Po śmierci czarnoskórego George’a Floyda, którego podczas interwencji brutalnie dusił biały policjant, przez cały świat przelała się fala antyrasistowskich protestów. Demonstranci w geście solidarności z ofiarami często klękają na jedno kolano.
Szczególnie zaangażowany w walkę z rasizmem jest Lewis Hamilton. Jedyny czarnoskóry kierowca w Formule 1 przykląkł przed startem o Grand Prix Austrii i Styrii, by okazać swój sprzeciw wobec rasizmu. Do Hamiltona dołączyła część kolegów z paddocku, ale nie wszyscy.

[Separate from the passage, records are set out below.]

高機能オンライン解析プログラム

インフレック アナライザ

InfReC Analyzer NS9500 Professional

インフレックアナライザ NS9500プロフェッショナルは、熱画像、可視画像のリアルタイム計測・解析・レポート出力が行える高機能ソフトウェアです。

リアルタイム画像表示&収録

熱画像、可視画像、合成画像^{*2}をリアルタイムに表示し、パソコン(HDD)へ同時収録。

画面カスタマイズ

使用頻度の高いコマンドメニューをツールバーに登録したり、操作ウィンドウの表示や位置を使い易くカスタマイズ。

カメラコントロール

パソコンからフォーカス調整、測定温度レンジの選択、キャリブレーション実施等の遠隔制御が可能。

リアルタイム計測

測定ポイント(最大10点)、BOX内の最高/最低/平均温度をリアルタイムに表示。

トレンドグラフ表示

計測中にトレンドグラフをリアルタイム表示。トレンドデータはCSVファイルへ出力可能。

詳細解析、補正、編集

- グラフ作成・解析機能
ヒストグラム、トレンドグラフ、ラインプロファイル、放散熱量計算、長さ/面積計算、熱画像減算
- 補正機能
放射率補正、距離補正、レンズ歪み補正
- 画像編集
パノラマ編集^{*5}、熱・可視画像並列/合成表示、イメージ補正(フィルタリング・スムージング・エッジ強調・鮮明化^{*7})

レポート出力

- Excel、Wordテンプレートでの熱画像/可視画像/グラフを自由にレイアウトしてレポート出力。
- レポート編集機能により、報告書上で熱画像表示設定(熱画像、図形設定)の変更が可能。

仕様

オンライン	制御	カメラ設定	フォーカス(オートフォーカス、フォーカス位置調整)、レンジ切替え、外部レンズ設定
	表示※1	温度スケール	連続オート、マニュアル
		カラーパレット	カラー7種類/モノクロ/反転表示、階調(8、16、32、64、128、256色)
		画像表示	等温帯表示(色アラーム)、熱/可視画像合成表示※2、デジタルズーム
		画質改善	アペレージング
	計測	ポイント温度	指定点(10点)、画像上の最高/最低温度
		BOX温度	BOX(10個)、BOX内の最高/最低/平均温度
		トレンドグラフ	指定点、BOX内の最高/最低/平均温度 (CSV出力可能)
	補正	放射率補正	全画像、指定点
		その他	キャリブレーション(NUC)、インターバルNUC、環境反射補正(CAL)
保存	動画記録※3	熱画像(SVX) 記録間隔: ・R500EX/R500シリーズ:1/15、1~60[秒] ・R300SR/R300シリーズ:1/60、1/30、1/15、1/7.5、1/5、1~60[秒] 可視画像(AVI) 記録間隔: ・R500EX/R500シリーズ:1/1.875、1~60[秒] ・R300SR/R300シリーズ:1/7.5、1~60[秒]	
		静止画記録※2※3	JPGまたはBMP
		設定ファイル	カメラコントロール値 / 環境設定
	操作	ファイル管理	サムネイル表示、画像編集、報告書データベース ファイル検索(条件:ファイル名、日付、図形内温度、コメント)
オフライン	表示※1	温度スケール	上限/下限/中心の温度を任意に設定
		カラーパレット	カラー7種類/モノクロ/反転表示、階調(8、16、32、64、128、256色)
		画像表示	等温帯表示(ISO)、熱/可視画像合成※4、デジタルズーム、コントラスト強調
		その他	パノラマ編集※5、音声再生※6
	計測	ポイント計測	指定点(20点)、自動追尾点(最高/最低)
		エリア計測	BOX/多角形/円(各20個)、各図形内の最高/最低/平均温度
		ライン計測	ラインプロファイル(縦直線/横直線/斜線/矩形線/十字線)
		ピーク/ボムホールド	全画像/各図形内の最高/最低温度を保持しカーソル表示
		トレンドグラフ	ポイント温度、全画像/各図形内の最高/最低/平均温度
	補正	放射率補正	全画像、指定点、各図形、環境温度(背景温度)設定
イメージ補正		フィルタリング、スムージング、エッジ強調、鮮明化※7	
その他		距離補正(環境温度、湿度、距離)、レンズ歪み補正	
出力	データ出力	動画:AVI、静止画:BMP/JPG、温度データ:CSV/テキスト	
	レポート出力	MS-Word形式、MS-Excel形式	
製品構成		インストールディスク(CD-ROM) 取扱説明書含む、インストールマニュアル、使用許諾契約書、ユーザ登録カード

Przeczytaj też: Lewis Hamilton zamierza stworzyć nową organizację, w celu zwiększenia różnorodności w świecie motorsportu
Ci, którzy nie przyklękli, wyjaśnili, że są zaangażowani w walkę z rasizmem, ale czują się bardziej swobodnie, wyrażając sprzeciw na swój sposób, biorąc pod uwagę negatywne konotacje związane z klęczeniem obecne w niektórych kulturach i narodach.

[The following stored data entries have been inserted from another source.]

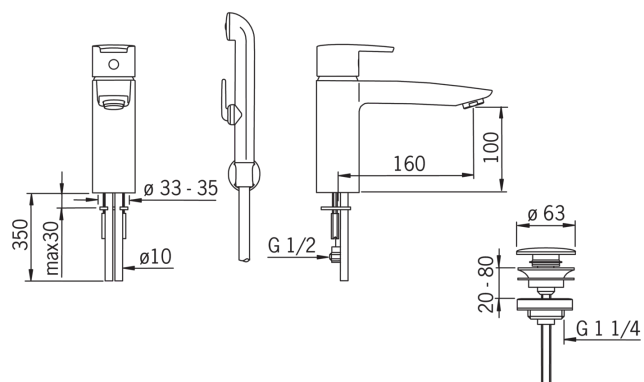

Запасные части

SP2810

	Код
01	159050V
02	159053V
03	158726
04	158890
05	232211
06	232511
07	158727/10
08	158697

Lewis Hamilton powiedział, że cieszy się, widząc wsparcie kolegów klękających razem z nim. Ujawnił też, że rozmawiał z kierowcami, którzy zdecydowali się tego nie robić:
Nie było planu, abyśmy klękali ponownie, ale po odprawie kierowców odbyliśmy na ten temat rozmowę. Przeprowadziliśmy debatę na temat tego, czy zamierzamy to zrobić ponownie. Powiedziałem, że nadal będę to robić. Niektórzy uznali: „Cóż, zrobiłem to już w zeszłym tygodniu, nie zrobię tego ponownie”. Inni nadal mieli takie samo podejście, jak w pierwszym tygodniu.
Dlatego starałem się spędzić trochę więcej czasu jeden na jeden z kilkoma osobami, które zdecydowały się stać, tylko po to, aby porozmawiać.
Lubię myśleć, że na pewnym etapie wszyscy będziemy razem, rozumiejąc się i klęcząc.
Kolejna okazja, by kierowcy solidarnie okazali swój sprzeciw wobec rasizmu, będzie już w tę niedzielę – przed startem Grand Prix Węgier.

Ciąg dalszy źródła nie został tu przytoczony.